Indianapolis 500
- Manufacturer: Midway
- Release date: June 1995
- System: Williams WPC Security (WPC-S)
- Design: Dennis Nordman
- Programming: Mike Boon, Craig Sylla
- Artwork: Dan Hughes, Paul Barker
- Music: Chris Granner
- Production run: 2,249 units

= Indianapolis 500 (pinball) =

1995 pinball machine

Indianapolis 500 is a pinball machine designed by Dennis Nordman and produced by Midway (under the Bally brand name) released in June 1995. It is based on the sporting event of the same name.

== Design ==
The designer initially had trouble deciding what features to include, but knew he wanted to emphasize speed. The turbo multi-ball and the spinning car evolved as ways to show this.

The game includes a shaker motor.

The game introduced an improved version of jumper bumpers.

The three voices in the game are commentators Paul Page (longtime "Voice of the '500'"), and three-time Indy 500 winner Bobby Unser, and the announcer Tom Carnegie, who was a legend at the Indianapolis Motor Speedway for 50 years.

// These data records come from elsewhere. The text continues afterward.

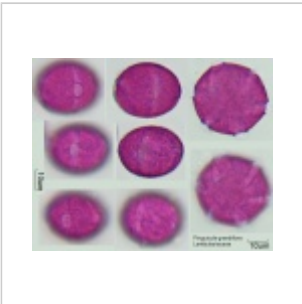

Gattung Pinguicula (*Fettkraut*)

Pollen	25 Stephanocolporatae, 25.14 Pinguicula
Arten	▶ Pinguicula

Pollenklassen der Gattung Pinguicula

- 25 Stephanocolporatae

Pinguicula agnata

(1).jpg 640 × 512

Pinguicula agnata.jpg
640 × 512

Pinguicula esseriana
.jpg 640 × 512

Pinguicula gigantea
(1).jpg 640 × 512

Pinguicula gigantea.jpg
640 × 512

Pinguicula grandiflora
(1).jpg 640 × 512

Pinguicula grandiflora.jpg 640 × 512

Pinguicula moctezumae.jpg 640 × 512

Pollengröße der Gattung Pinguicula

▪ Size medium

Pinguicula agnata
(1).jpg 640 × 512

Pinguicula agnata.jpg
640 × 512

Pinguicula esseriana
.jpg 640 × 512

Pinguicula gigantea
(1).jpg 640 × 512

Pinguicula gigantea.jpg
640 × 512

Pinguicula grandiflora
(1).jpg 640 × 512

Pinguicula
grandiflora.jpg 640 ×
512

Pinguicula
moctezumae.jpg 640 ×
512

Pollenkorndurchmesser. VerySmall < 15; Small 15 bis 25; Medium 26 bis 50; Large 51 bis 100; VeryLarge > 100 µm.
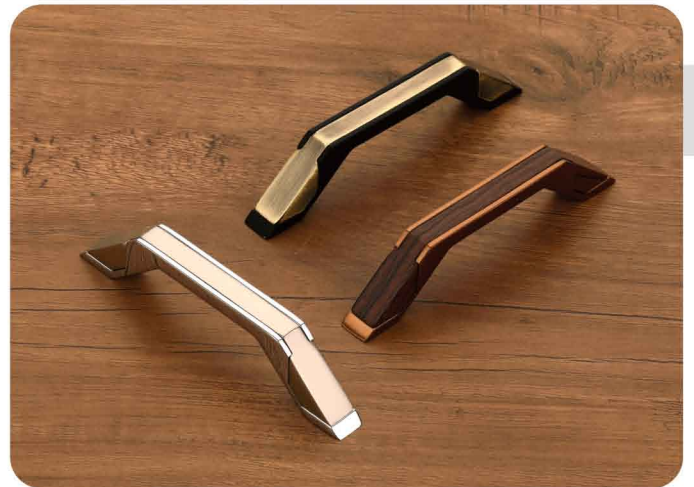

R-164

Size in mm : 96 / 160 / 224 / 288
Finish : CP/Satin, RG/Qubic, Z. Black/BA
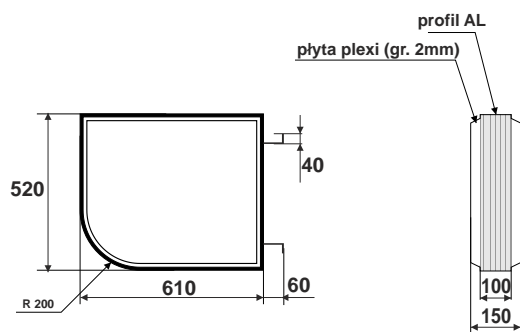

Kaseton zewn trzny KT-13

nr.katalogowy RE0552

1x wietlówka okr gła 40 W barwa dzienna
waga 4,8 kg
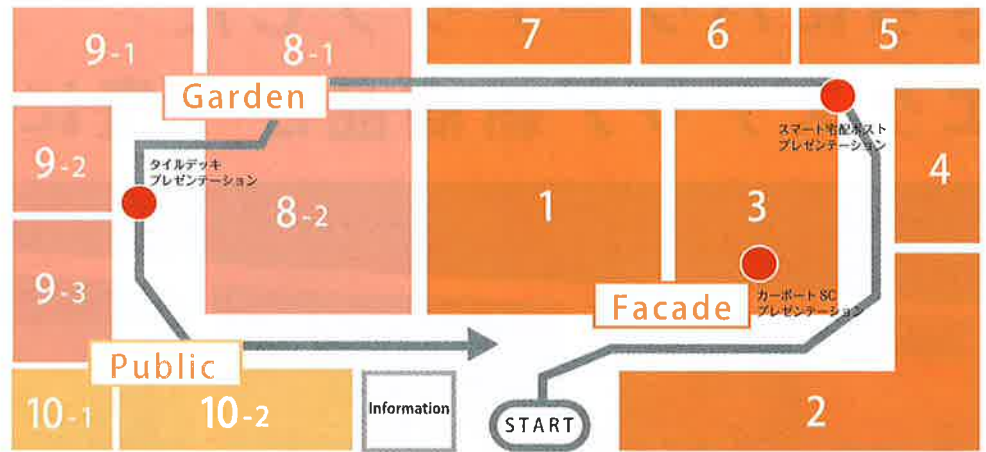

ブース内には新商品とプレゼンテーションをご用意しています。

- 1 ファサードシーン展示
- 2 フェンス AA / 開き門扉 AA
- 3 カーポート SC
- 4 モダンパネル・コートラインII
- 5 スマートエクステリア
- 6 宅配ボックス KT
- 7 美彩
- 8-1 エクシオールブランド
- 2 ガーデンシーン展示
- 9-1 ガーデンルーム ジーマ
- 2 タイルデッキ
- 3 タイルデッキ仕様追加
- 10-1 独立オーニング
- 2 アーキラインシェルター

Facade

NEW

カーポート SC WIDE STYLE(マップ:3)

NEW

スマート宅配ポスト(マップ:5)

NEW

アーキラインシェルター(マップ:10-2)

NEW
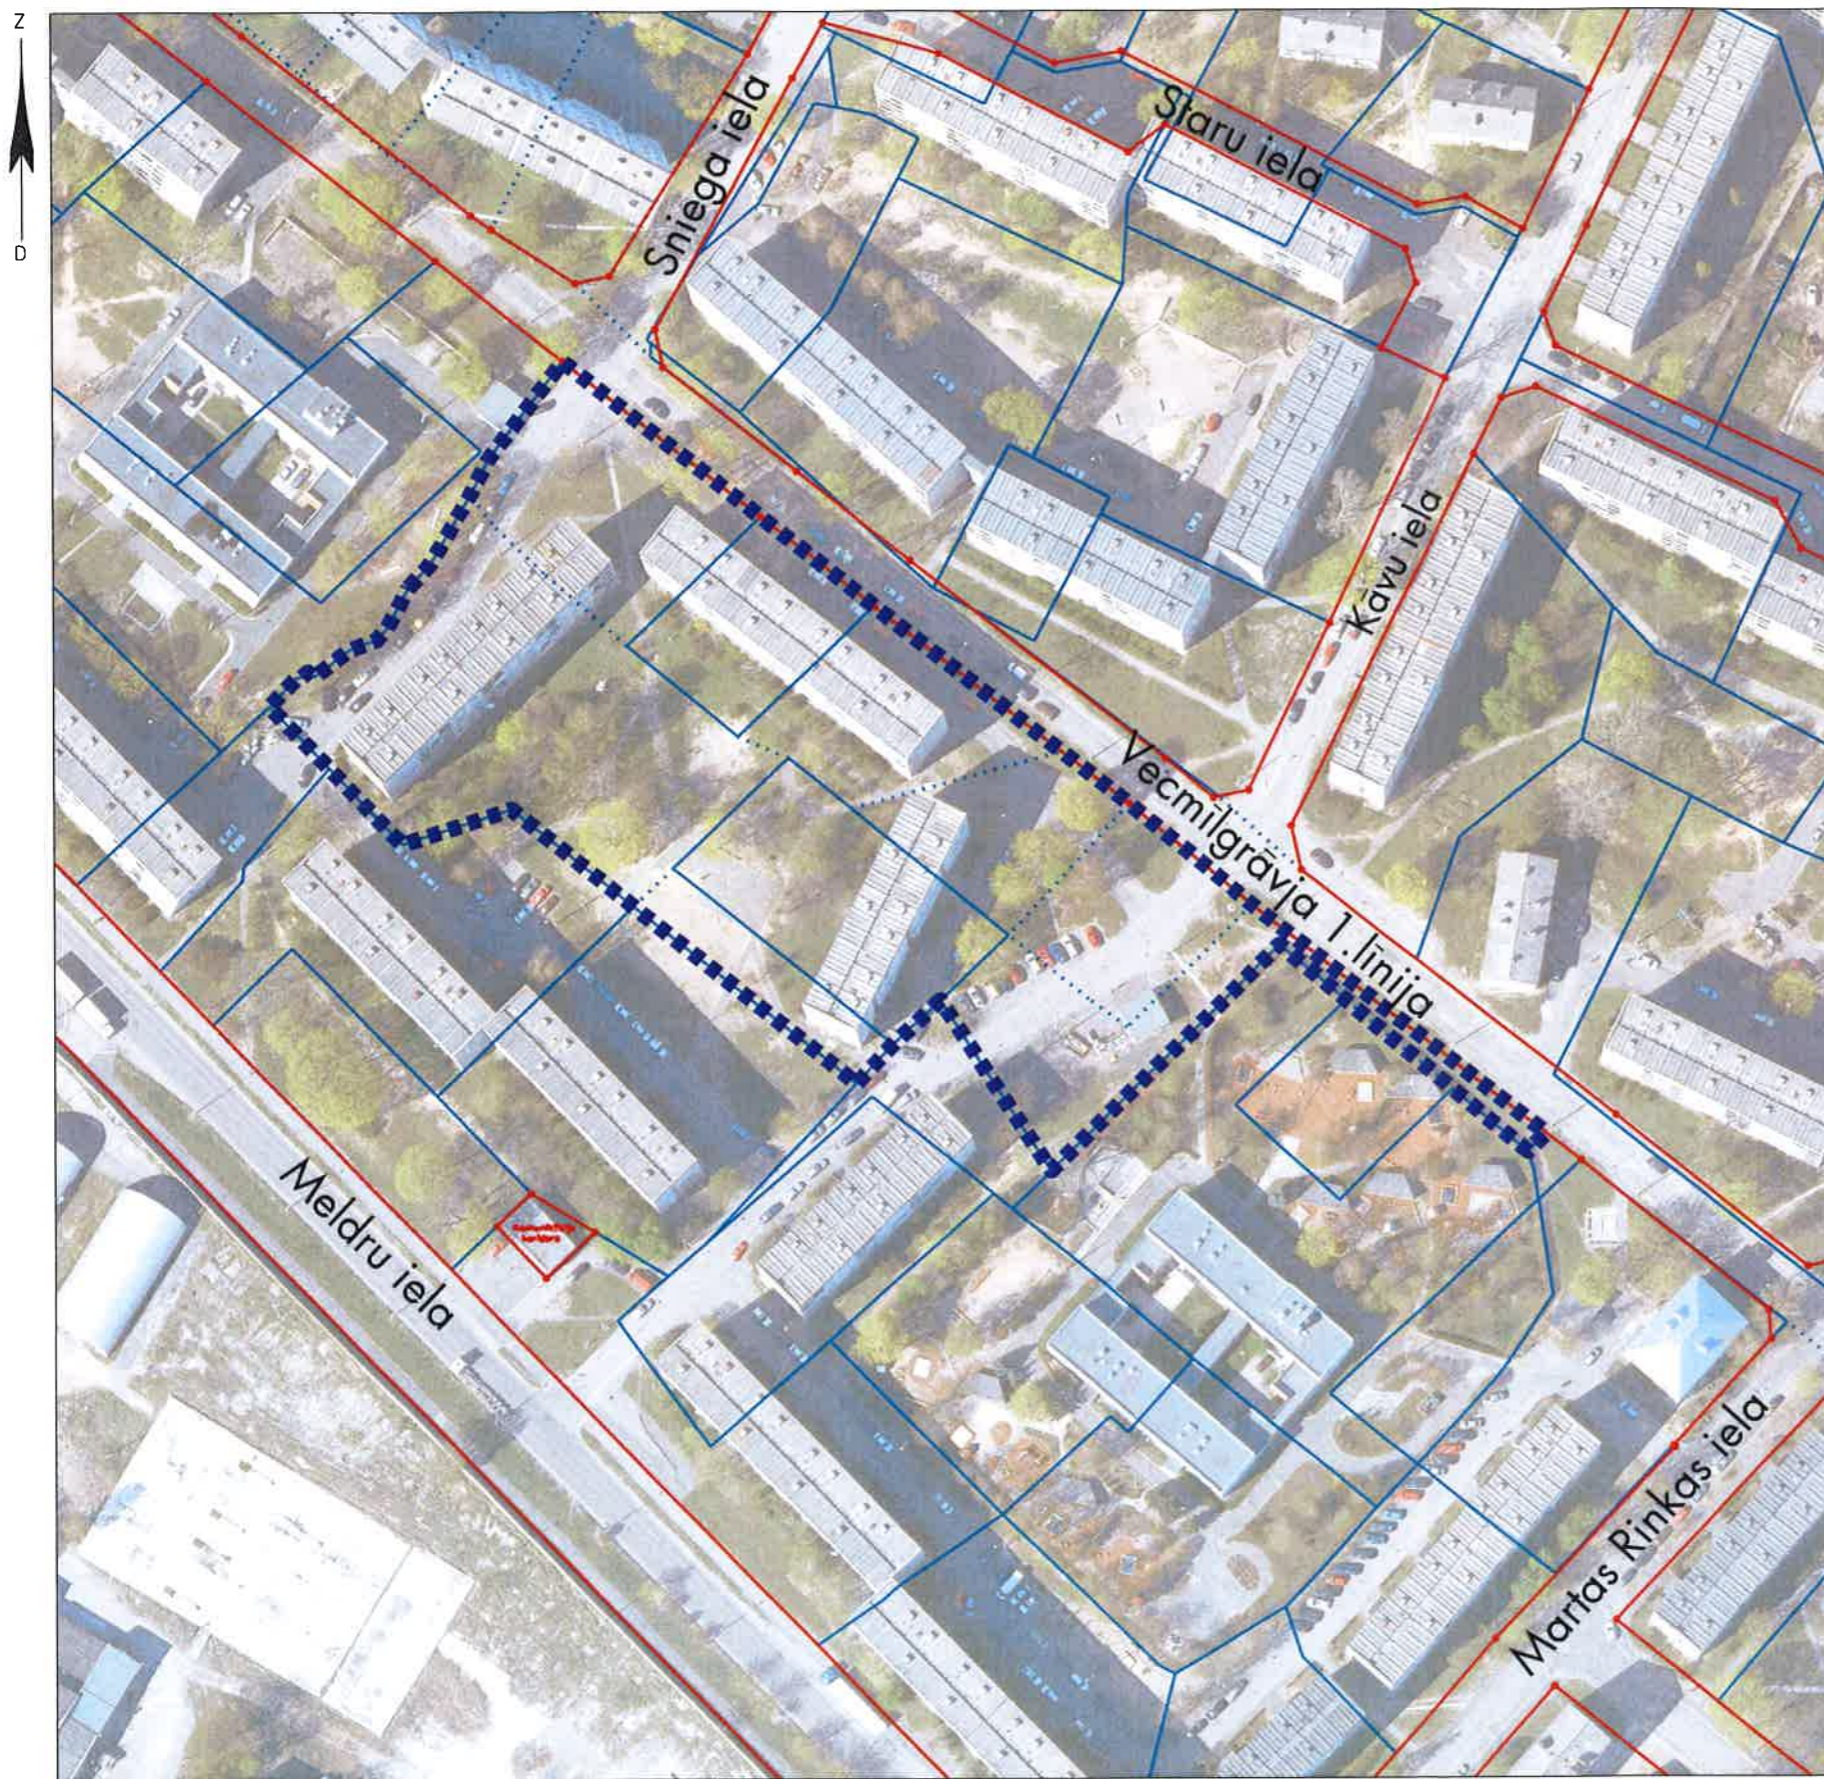

Mērogs 1:1500

TEMATISKĀ PLĀNOJUMA TERITORIJAS ROBEŽA

Teritorijas novietojums

Apzīmējumi

- ■ ■ Tematiskā plānojuma robeža, platība ~ 1.39 ha
- Zemes īpašuma kadastra robeža
- Sarkanā līnija

Rīgas pašvaldības dzīvojamu māju
privatizācijas komisijas priekšsēdētāja
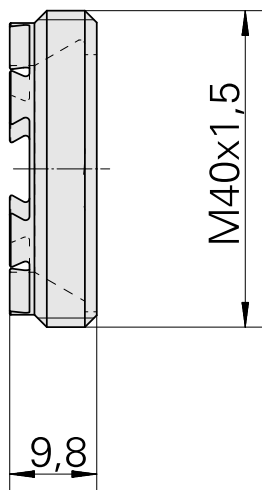

Dado di serraggio

Caratteristiche tecniche

Categoria acces. portautensile	Dado di serraggio
Attacco	ER32
Tipo pinza di serraggio	ER 32
Tipo dado di serraggio	Filettatura esterna

10322936
325950

INDEX

Documenti

Williams vice-president Joe Dillon said the game was "geared for aficionados" rather than the more general player.

== Layout and gameplay ==
This game has no sink-holes and many targets and is one of the first pinball machines to feature light up targets. Such an object is a square plastic target, that is a little larger than one of the RIVER targets in White Water, or the REPAIR targets in Doctor Who and divided into four quadrants. Each quadrant can light up. The targets are completed if they are hit 4 times.

== Reception ==
In a retrospective review of pinball machines released in 1995, Kineticist found it to be the 4th best machine of the year, and possibly Dennis Nordman's best game.

==Digital versions==
Indianapolis 500 was available as a licensed table of The Pinball Arcade for several platforms from July 1, 2016, to June 30, 2018.